#### PROVIDED RECORDS:
__________

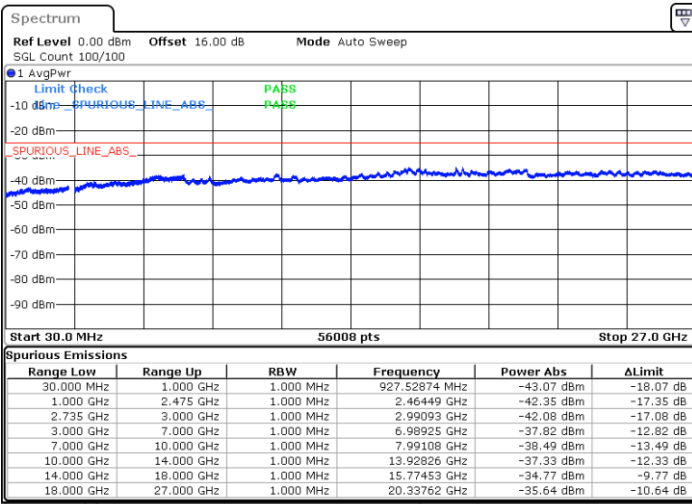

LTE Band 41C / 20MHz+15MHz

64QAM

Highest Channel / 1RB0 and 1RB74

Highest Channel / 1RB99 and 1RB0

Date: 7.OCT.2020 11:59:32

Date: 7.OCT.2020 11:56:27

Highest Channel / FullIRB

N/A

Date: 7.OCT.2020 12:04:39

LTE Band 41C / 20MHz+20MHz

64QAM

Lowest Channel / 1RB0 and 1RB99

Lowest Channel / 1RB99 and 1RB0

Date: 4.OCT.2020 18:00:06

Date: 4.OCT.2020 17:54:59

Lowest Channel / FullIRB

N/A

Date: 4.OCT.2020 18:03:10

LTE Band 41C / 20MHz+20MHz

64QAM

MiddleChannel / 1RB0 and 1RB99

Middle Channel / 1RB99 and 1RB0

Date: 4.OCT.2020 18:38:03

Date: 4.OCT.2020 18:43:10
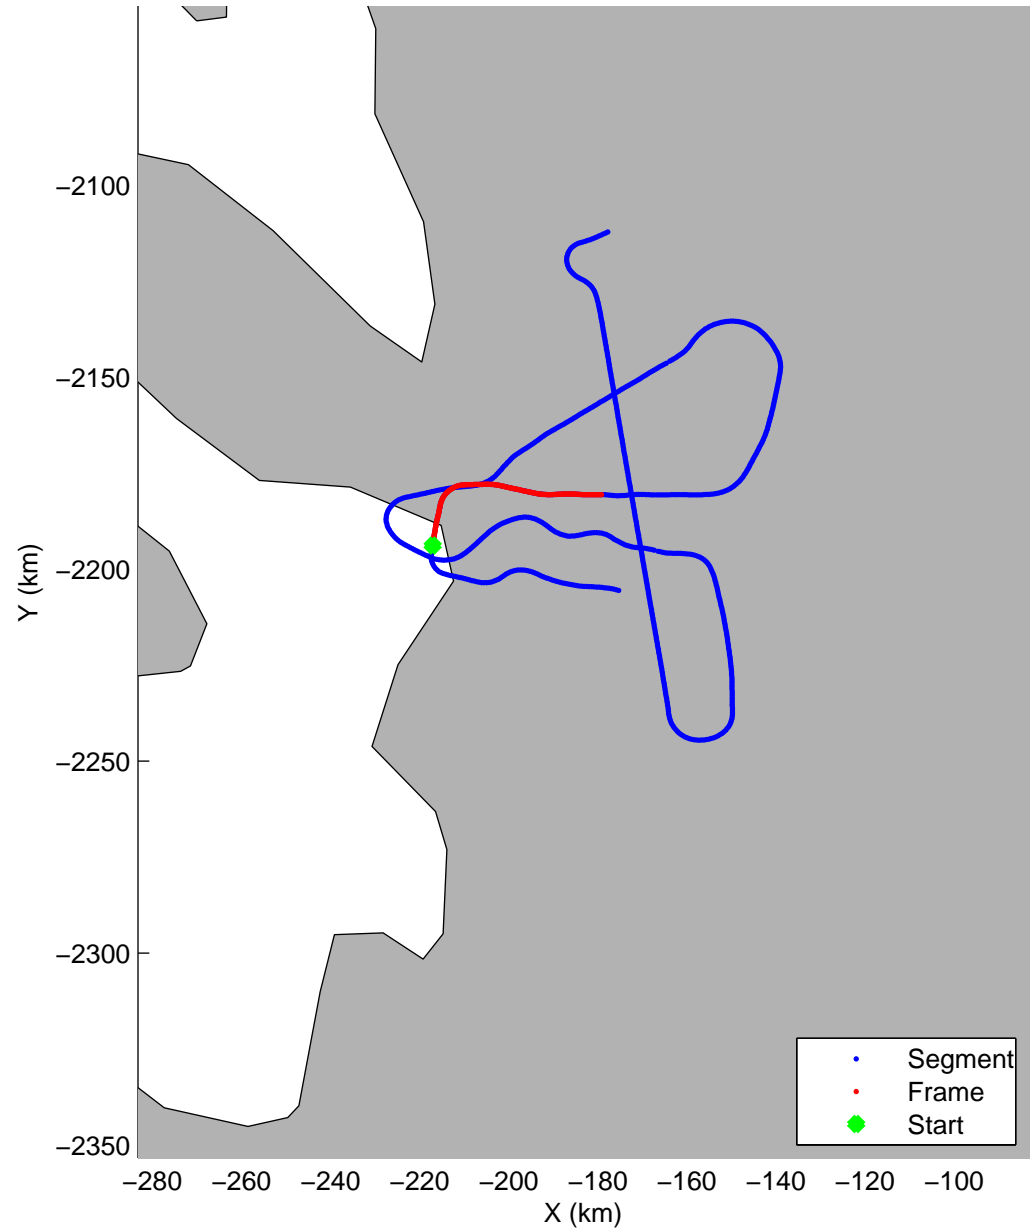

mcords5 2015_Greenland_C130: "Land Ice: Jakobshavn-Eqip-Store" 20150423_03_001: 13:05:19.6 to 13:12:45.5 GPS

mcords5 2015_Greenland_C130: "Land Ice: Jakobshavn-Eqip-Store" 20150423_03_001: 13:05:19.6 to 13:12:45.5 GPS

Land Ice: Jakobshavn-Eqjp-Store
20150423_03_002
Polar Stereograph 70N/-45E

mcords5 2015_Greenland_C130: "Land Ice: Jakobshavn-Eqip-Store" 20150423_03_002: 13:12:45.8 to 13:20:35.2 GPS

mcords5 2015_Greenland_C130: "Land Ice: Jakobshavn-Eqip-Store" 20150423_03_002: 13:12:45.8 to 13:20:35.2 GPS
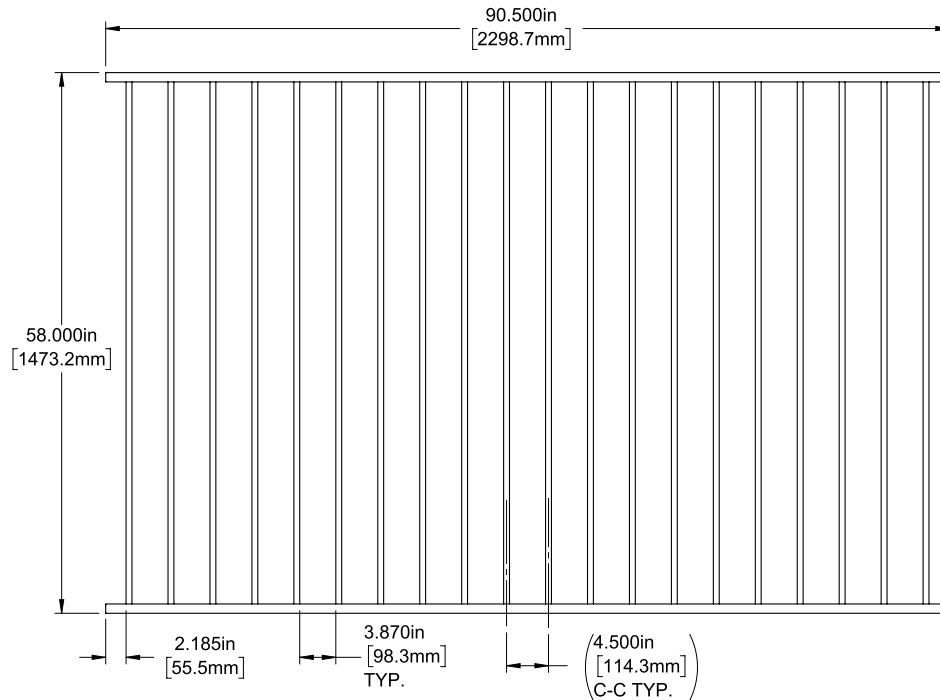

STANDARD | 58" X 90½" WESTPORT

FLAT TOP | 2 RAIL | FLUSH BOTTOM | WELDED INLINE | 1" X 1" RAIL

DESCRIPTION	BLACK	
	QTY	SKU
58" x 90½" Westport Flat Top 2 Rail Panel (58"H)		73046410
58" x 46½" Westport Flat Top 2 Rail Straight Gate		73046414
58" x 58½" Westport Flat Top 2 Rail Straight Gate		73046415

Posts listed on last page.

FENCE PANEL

__________

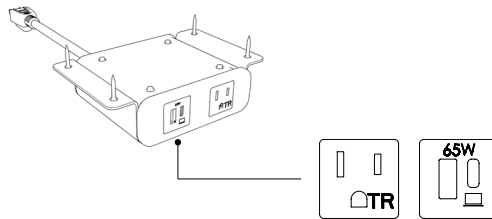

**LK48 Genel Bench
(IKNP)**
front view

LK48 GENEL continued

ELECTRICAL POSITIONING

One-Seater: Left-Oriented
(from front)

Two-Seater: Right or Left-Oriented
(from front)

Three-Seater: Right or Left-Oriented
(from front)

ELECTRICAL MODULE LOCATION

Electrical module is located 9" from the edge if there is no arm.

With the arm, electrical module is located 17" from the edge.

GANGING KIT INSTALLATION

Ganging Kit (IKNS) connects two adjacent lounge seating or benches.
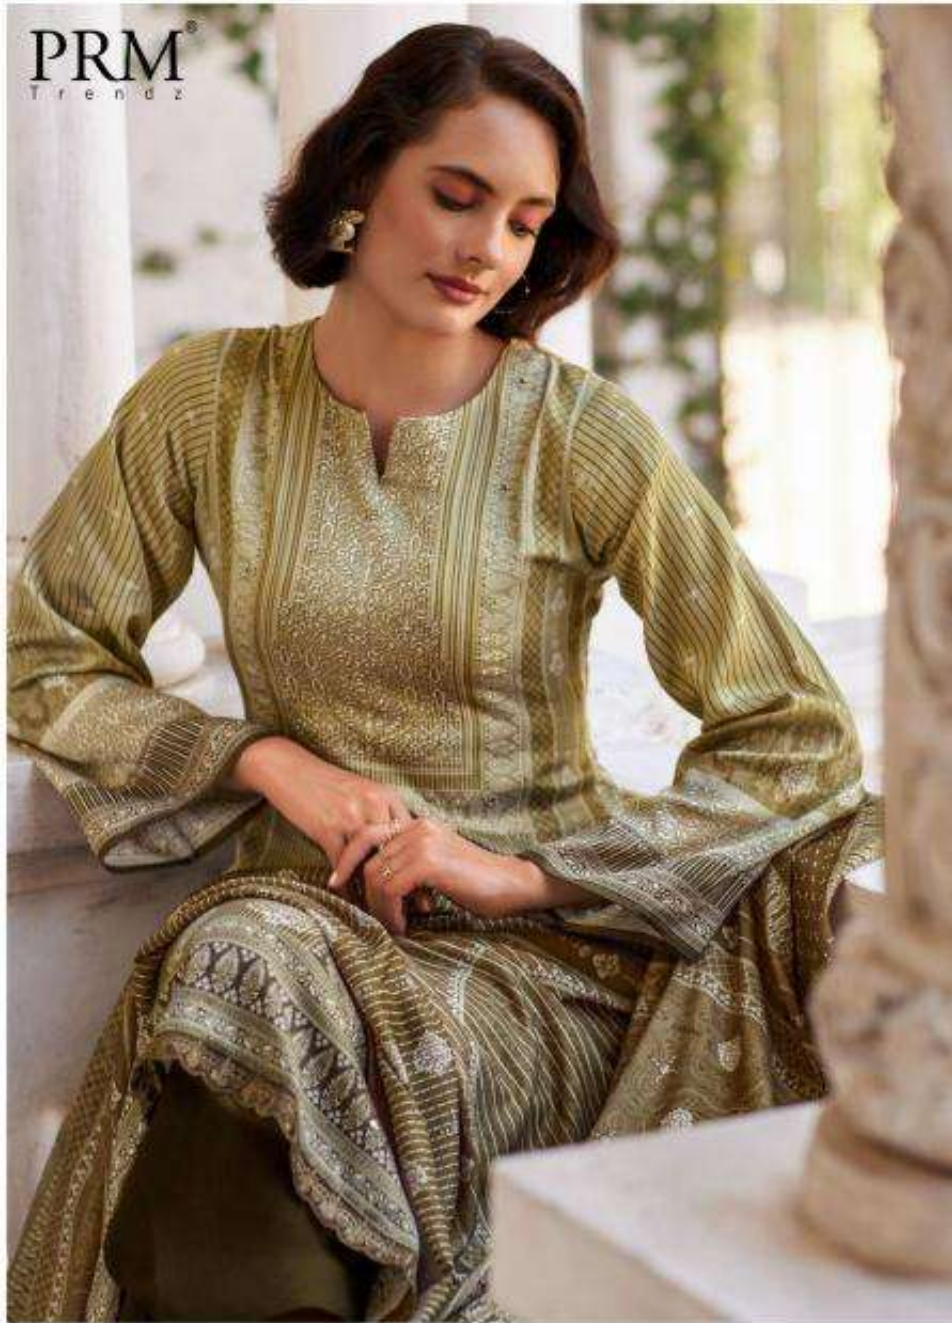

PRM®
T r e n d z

__________

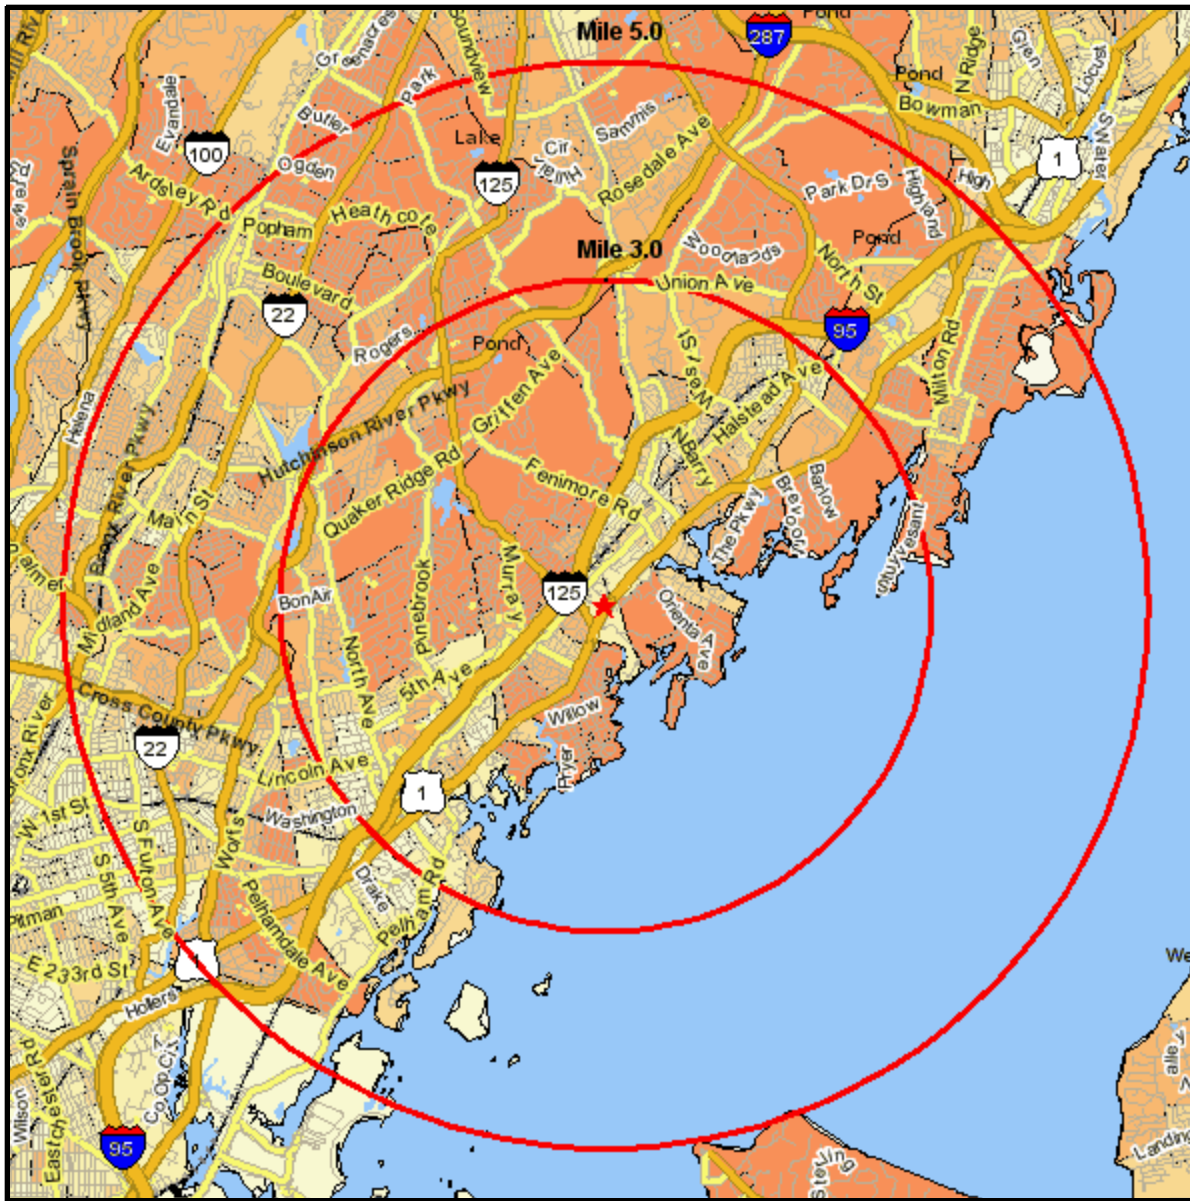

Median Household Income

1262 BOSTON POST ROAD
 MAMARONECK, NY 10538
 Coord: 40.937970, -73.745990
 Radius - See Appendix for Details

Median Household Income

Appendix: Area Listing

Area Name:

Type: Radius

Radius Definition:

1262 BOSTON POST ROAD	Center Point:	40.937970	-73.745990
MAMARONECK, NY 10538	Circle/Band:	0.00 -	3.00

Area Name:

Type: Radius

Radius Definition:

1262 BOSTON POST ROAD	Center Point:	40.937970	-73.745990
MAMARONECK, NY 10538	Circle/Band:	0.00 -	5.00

__________

#### EXERCISE INSTRUCTIONS:
From the records above, count the lines in which the string "edge" is found, and answer with the number alone.

#### TASK OUTPUT:
2